**Instructions for the task**
Keep every word of the listing and drop the images when you write it out.

**Record extracts**
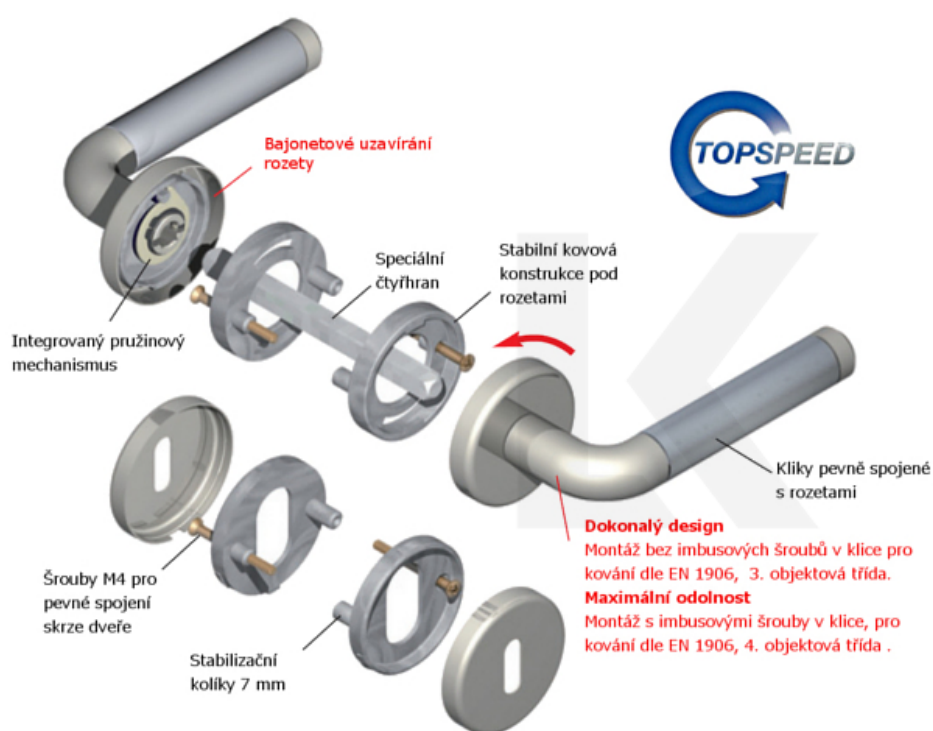

Vaše cena bez DPH

75,31 €

Vaše cena s DPH

91,12 €

Zobrazit produkt

TECHNICKÉ DETAILY

**Answer below**
Vaše cena bez DPH

75,31 €

Vaše cena s DPH

91,12 €

Zobrazit produkt

TECHNICKÉ DETAILY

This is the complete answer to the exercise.